Christiaan Baaij Haskell & Hardware

GHC type checker plugins: adding new type-level operations

Since version 7.10.1, GHC supports so-called type-checker plugins which let us extend GHC’s constraint solver, i.e. extend the the range of programs GHC can type check. Several plugins have already been released, the ones I know are:

  • Adam Gundry’s uom-plugin: for supporting units of measure.
  • Iavor Diatchki’s type-nat-solver: which allows you to hook up SMT solvers to solve numeric constraints.
  • My own plugins:
    • ghc-typelits-natnormalise: which solves numeric constraints using a custom normalisation procedure as opposed to Iavor’s approach, which uses SMT solvers.
    • ghc-typelits-extra: which adds a type-level greatest common denominator (GCD) and (ceiling of) logarithm operator for GHCs type-level Natural numbers.

This post will be about writing our own type-checker plugin: we will build a plugin that (just like ghc-typelits-extra) allows GHC to perform GCD on types of kind Nat.

Why a type-checker plugin?

So the first question that might pop up: why do we even need to write a type-checker plugin to support GCD over Nat? The “problem” is that Nat is not inductively defined like so:

data Nat = Z | S Nat

, however, it is simply defined as an Integer (see CoreSyn.hs).
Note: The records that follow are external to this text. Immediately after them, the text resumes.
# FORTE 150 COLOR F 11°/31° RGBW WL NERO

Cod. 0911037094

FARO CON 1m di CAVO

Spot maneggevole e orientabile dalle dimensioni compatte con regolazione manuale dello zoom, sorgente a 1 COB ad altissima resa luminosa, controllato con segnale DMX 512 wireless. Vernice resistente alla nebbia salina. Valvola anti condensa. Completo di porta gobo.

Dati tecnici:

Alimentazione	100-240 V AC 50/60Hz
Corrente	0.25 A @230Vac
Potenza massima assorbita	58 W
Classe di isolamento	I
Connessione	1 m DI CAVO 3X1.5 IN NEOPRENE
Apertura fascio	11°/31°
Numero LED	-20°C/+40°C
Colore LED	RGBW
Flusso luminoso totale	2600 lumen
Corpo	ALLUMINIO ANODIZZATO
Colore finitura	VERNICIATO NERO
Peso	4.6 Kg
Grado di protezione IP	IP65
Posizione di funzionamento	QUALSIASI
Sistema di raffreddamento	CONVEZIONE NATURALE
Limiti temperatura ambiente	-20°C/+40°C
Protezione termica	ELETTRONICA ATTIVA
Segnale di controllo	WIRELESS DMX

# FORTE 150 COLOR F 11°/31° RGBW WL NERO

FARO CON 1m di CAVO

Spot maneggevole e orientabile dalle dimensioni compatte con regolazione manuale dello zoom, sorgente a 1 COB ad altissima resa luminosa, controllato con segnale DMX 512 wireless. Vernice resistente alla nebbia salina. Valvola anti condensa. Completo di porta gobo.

For an inductively defined Nats, it is fairly simple to write a (closed) type family symbolising an (arithmetic) operation, e.g.:

{-# LANGUAGE DataKinds, TypeFamilies #-}

import Data.Proxy

data Nat = Z | S Nat

type family Add (x :: Nat) (y :: Nat) :: Nat where
  Add Z b = b
  Add (S a) b = S (Add a b)

test :: Proxy (S (S (S (S Z)))) -> Proxy (Add (S (S Z)) (S (S Z)))
test = id

However, an inductively defined Nats is not what GHC gives us, GHC gives us Integers. Having only Integers, we might try to start with:

{-# LANGUAGE DataKinds, TypeFamilies #-}

import GHC.TypeLits

type family Add (x :: Nat) (y :: Nat) :: Nat where
  Add 0 b = b
  Add 1 b = ???

where we have no real way to define the part indicated by “???”. Indeed, all the currently defined type-level operations on types of kind Nat as defined in GHC.TypeLits, are all implemented by compiler magic. Using type-checker plugins, that kind of magic is, however, no longer just reserved for the wizards over at GHC HQ!
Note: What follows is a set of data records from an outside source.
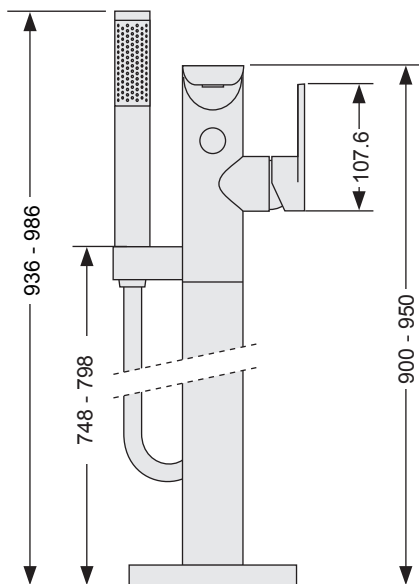

FLOOR STANDING BATH MIXER

- Ⓛ **Montageanleitung**
- ⓐ **Installation instructions**
- ⓕ **Instructions de montage**
- Ⓒ **安装说明书**
- ⓔ **Instrucciones de instalación**

Villeroy & Boch

1748

< 1000 kPa (10 bar)

< 80°C
< 176°F

~10°C
~50°F

[mm]

FLOOR STANDING BATH MIXER™

TVT00050300061

TVC00046500000

[mm]

2

3

Dichtigkeitsprüfung
Leak testing
Les tests de fuite
泄露检测
Prueba de fugas

4

5

6

7

8

11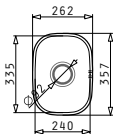

Außenabmessungen: 262 x 357mm
Beckenabmessungen: 240 x 335 x 150mm
Unterschrank-Breite: 30cm
Überlauf im Becken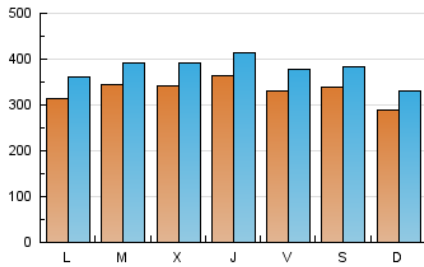

1. Cifras totales y promedios (Nacional e Internacional)

MES - AÑO	NAVEGADORES UNICOS	VISITAS	PAGINAS
Noviembre - 2018	695.657	1.139.938	1.529.315
PROMEDIO DIARIO	33.288	37.998	50.977
PROMEDIO LUNES-VIERNES	33.977	38.826	52.103
PROMEDIO SABADO-DOMINGO	31.392	35.721	47.883
PAGINAS / VISITAS	1,34		
DURACION MEDIA VISITAS	0:00:51		
DURACION MEDIA PAGINAS	0:02:28		

2. Secciones (Nacional e Internacional)

	PAGINAS	%
HOME	140.160	9.16 %
RESTO	1.389.155	90.84 %

3. Por día del mes (Nacional e Internacional)

Día	N. únicos	Visitas	Páginas	Día	N. únicos	Visitas	Páginas	Día	N. únicos	Visitas	Páginas
1	28.540	30.849	40.204	11	31.061	35.240	46.716	21	45.857	53.353	73.322
2	26.569	30.268	41.867	12	35.062	40.625	55.120	22	44.337	50.811	66.405
3	30.518	35.143	47.500	13	25.031	28.721	40.033	23	40.494	45.908	59.915
4	32.699	37.620	51.568	14	31.622	36.249	48.654	24	33.806	38.120	49.070
5	24.367	28.212	38.846	15	48.875	56.982	75.629	25	26.080	29.304	37.956
6	47.613	53.000	67.394	16	47.353	54.240	70.047	26	30.130	34.241	46.634
7	32.941	37.379	49.505	17	26.034	29.782	40.376	27	29.031	32.996	44.188
8	29.785	34.453	47.014	18	25.466	30.013	42.687	28	25.924	29.253	39.809
9	28.366	32.526	44.314	19	36.238	41.621	56.194	29	29.939	34.373	47.734
10	45.469	50.543	67.187	20	36.612	42.205	56.670	30	22.818	25.908	36.757

4. Gráficas (Nacional e Internacional)

4.1 Por día de la semana (promedio)

N. únicos / Visitas (x 100)

Páginas (x 100)

4.2 Por franja horaria (promedio)

Visitas (x 1000)

Páginas (x 1000)

4.3 Por meses

As to why GHCs native type-level natural numbers are implemented using Integer, instead of an inductively defined datatype, I can only guess:

  • Unary encodings (such as the one seen earlier) are “expensive”, in terms of memory, for large numbers. I’m sure there must be a way to internally use a more efficient representation for what is, from the user’s point of view, a unary encoding. To my my knowledge, no efforts have been made to explore this option in GHC.
  • Base-2 encodings, though low-cost in terms of memory, have harder to define arithmetic operations.

With the advent of type-checker plugins, the Integer-representation aspect of Nat has not been a problem any longer for most of my projects.
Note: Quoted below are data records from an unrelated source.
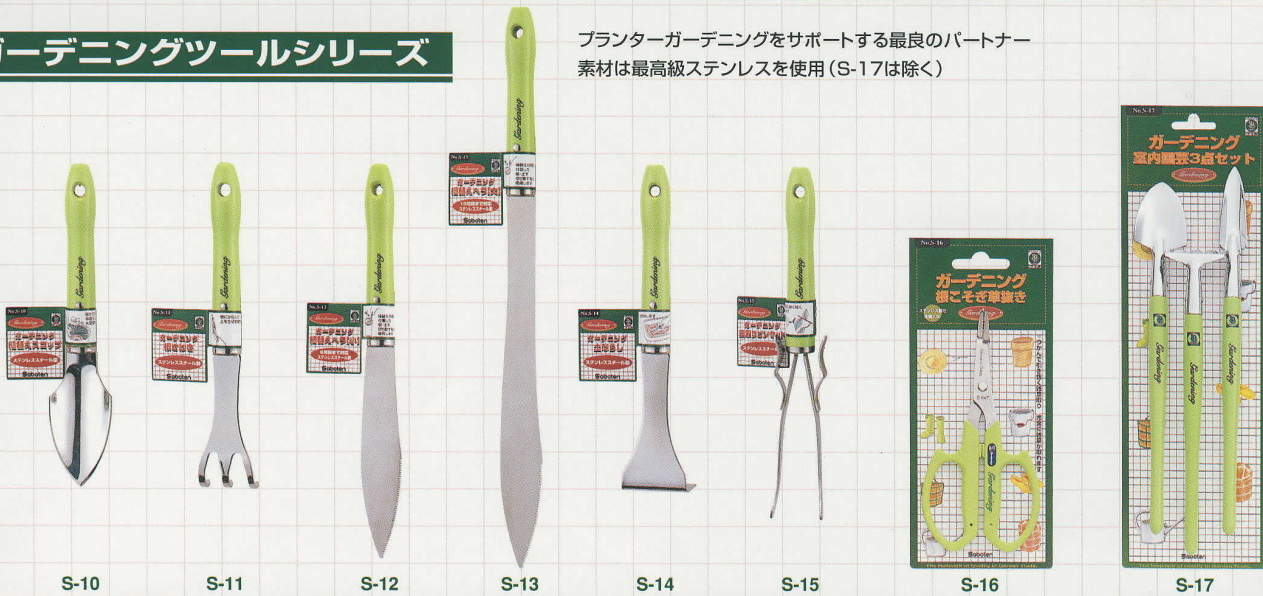

Saboten®

サボテン

Gardening series

ガーデニングシリーズ

ガーデニングに最適なシリーズです。

Gardening

The Hallmark of Quality In Garden Tools.

ガーデニングシリーズ

Gardening series

ガーデニングツールシリーズ

プランターガーデニングをサポートする最高のパートナー
素材は最高級ステンレスを使用(S-17は除く)

品番	品名	材質	個装サイズ [mm]	重量 [g]	JAN4976365	入数
S-10	植替えスコップ	ステンレススチール SUS430SB	215×70×22	80	110011	12丁×10
S-11	根さばき	ステンレススチール SUS430SB	220×70×22	70	110028	12丁×10
S-12	植替えヘラ(小)	ステンレススチール SUS420J2	275×70×22	50	110035	12丁×10
S-13	植替えヘラ(大)	ステンレススチール SUS420J2	375×70×22	75	110042	12丁×10
S-14	土ならし	ステンレススチール SUS430SB	220×70×22	90	110059	12丁×10
S-15	虫取りピンセット	ステンレススチール SUS430SB	245×70×22	80	110066	12丁×10
S-16	根こそぎ草抜き	ステンレススチール SUS420J2	230×100×22	70	110165	12丁×10
S-17	室内園芸3点セット	スチール・クロームメッキ	321×101×25	90	110073	12丁×10

ガーデニングハサミシリーズ

ガーデニングハサミは、あなたのグリーンライフをサポートします。

品番	品名	材質	個装サイズ [mm]	重量 [g]	JAN4976365	入数
S-200	バイパス剪定鋏	SK-5・テフロン加工	260×68×23	140	110080	12丁×6
S-210	スリム剪定鋏	SKS-51・テフロン加工	260×68×23	135	110097	12丁×6
S-215	スリムアングル剪定鋏	SK-5・テフロン加工	270×95×23	155	110103	12丁×6
S-280	採園鋏	SKS-51・ハードクロームメッキ	250×100×12	70	110110	12丁×6
S-281	芽切鋏	SKS-51・ハードクロームメッキ	250×100×12	70	110127	12丁×6
S-282	キャッチ採果鋏	SKS-51・ハードクロームメッキ	250×125×17	90	110134	12丁×6
S-283	フラワー鋏	SK-5・ハードクロームメッキ	250×100×12	75	110141	12丁×6
S-230	園芸万能鋏	SK-5・ハードクロームメッキ	250×100×12	130	110158	12丁×6

UPDATE: @Bodigrim on reddit showed that we can just implement GCD with the tools already in GHC.TypeLits:

{-# LANGUAGE DataKinds            #-}
{-# LANGUAGE TypeFamilies         #-}
{-# LANGUAGE TypeOperators        #-}
{-# LANGUAGE UndecidableInstances #-}

import Data.Proxy
import GHC.TypeLits

type family Cmp123 (o :: Ordering) (x :: Nat) (y :: Nat) (z :: Nat) :: Nat where
  Cmp123 LT x y z = x
  Cmp123 EQ x y z = y
  Cmp123 GT x y z = z

type family GCD (x :: Nat) (y :: Nat) :: Nat where
  GCD 0 x = x
  GCD x 0 = x
  GCD x y = Cmp123 (CmpNat x y) (GCD x (y - x)) x (GCD (x - y) y)

test :: Proxy (GCD 372 48) -> Proxy 12
test = id

I guess the lesson learned here is that type-checker plugins should always be a last resort measure.

Type-level GCD

OK, enough about why we need to implement GCD using a type-checker plugin. Let’s get on with implementing it. Before we implement the plugin, we first need to define our GCD operation:

{-# LANGUAGE DataKinds    #-}
{-# LANGUAGE TypeFamilies #-}
module GHC.TypeLits.GCD
  ( GCD )
where

import GHC.TypeLits (Nat)

type family GCD (x :: Nat) (y :: Nat) :: Nat where
  GCD 0 x = x

The reason I’ve chosen a closed type-family (as opposed to an open one) is that I don’t want our users to pull any shenanigans such as adding additional bogus equations. For GHC 7.10 we need to add at least one equation (see GHC issue #9840) to our closed type family; this should no longer be needed for GHC 8+. Although an empty closed type family is possible in GHC 8+, the current single equation version simplifies the design of the type-checker plugin, as we will see at the end of this blog post.

Type-checker plugin

I guess the reason there are not too many blog posts on GHC type checker plugins is because you need to be sort-of familiar with the GHC API. I’ve been using the GHC API for over 6 years now, so I’ve taught myself how to browse its documentation (the comments in the source code); however, it’s lack of haddock documentation makes it somewhat intimidating for the uninitiated. I try to keep the GHC API code to a minimum, but it can sadly not be avoided.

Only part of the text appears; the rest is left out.